Even an undiscriminating use of the elective system appears to me better than the obsolescent required course in Latin, Greek and elementary mathematics. Latin was once as much of a professional study as electrical engineering is to-day. By a natural evolution it became part of the insignia of a leisured aristocracy, educated with priests and by them. The use of quotations in which the quantities were given in accord with the peculiar accent of the English universities was a mark of birth and breeding, as are to-day the scars on the face of a German student. Literature and art based themselves on the classical tradition; the intrinsic beauty of the Greek civilization and the part played by Rome in history added to its strength. Even the most iconoclastic must regret the bankruptcy of classical culture, but at the same time the most conservative must acknowledge that the idol is broken. We certainly still feel entitled to sneer at the millionaire who orders a painting of Jupiter and Io and complains that only one of the ten is supplied, and she without her clothes; whereas it is not regarded as a lack of culture when an eminent historian regards the Fissure of Rolando as a chasm in the Pyrenees. But Latin versification is becoming as obsolete and as little used to mark the fine gentleman as the carrying of a rapier. A classical education is essential for certain lines of research, and will always attract its full share of the keenest intellects; but it is no longer wise or possible for a boy to devote eight years of his life to the dead languages in order that he may be admitted to an artificial aristocracy.
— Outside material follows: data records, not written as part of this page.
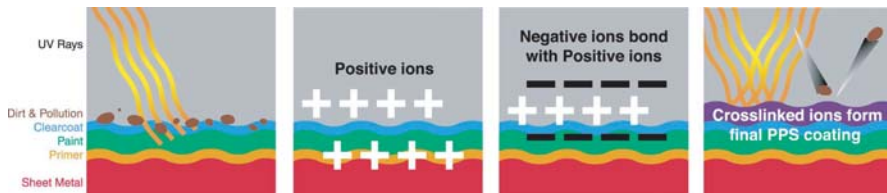

"STRONG TO THE FINISH"

Available in 2oz. and 4oz.
"do-it-yourself" kits

- PPS chemically fuses PTFE (slickest substance known to man) resins to the pores of your boat.
- Strengthens and adds depth to the finish.
- Makes washing fast and easy
- Never wax again.
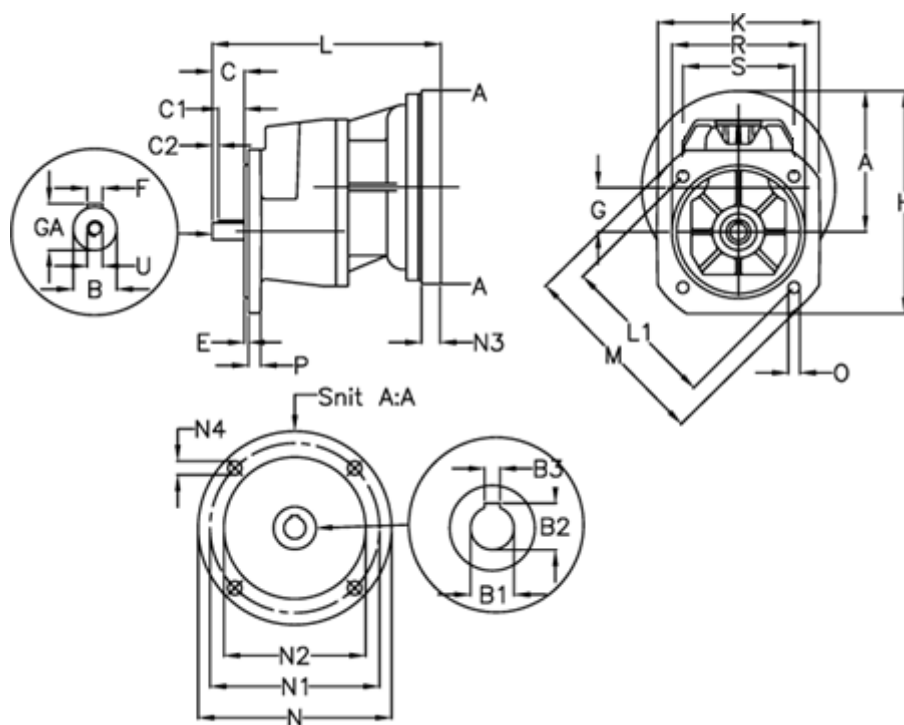

Data Sheet

Article number: 40550500382435
 Description: Single Stage Helical Gear
 S 501-3,8-P90B5

Measures

A = 196.5	E = 4.0	M = 300.0	R = 230
B = 38	F = 10x8x60	N = 200	S = 185
B1 = 24	G = 73.5	N1 = 165	U = M12
B2 = 27.3	GA = 41.0	N2 = 130	
B3 = 8	H = 326.5	N3 = -	
C = 80	K = 260	N4 = M10x12	
C1 = 60	L = 334	O = 14.0	
C2 = 10	L1 = 265.0	P = 15	
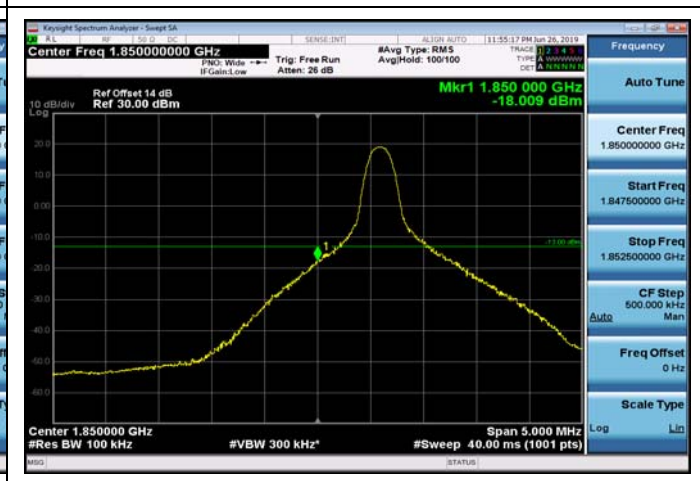

LowRange_FDD25_10MHz_1855_fullIRB
_Low_Q16

LowRange_FDD25_10MHz_1855_OneRB
_low_Q16

Latin will survive for a long time in the secondary school on the ground that its illogical constructions supply an intellectual gymnastic, or because its roots are useful in learning French, understanding law terms and naming new species; but its part in education is no longer leading or dignified. In the twilight of the classical tradition it is the once radiant elder sister that I regret:

Müszig kehrten zu dem Dichterlande
Heim die Götter, unnütz einer Welt,
Die, entwachsen ihrem Gängelbande
Sich durch eignes Schweben hält.

There should surely be in our system liberal education, as well as opportunity to learn a trade. I can not, however, believe that superficial knowledge of many subjects is culture, while a thorough knowledge of a few is not; that studies are liberal in direct proportion to their uselessness; or that certain studies are humanistic and others inhuman. Greek literature may be a 'Brodstudien' and dentistry may be followed as a liberal art. That education is liberal which enlarges the sympathies and emphasizes our common interests, not that which forms an exclusive clique. On the whole the sciences in their application to human life seem more likely to form an adequate basis for a common culture than the dead languages. But intellectual training demands specialization, whereas the emotions are more nearly shared in equal measure by all. Civic life or art, if we but had a native art, seems to be a better basis for common culture than any special sort of knowledge.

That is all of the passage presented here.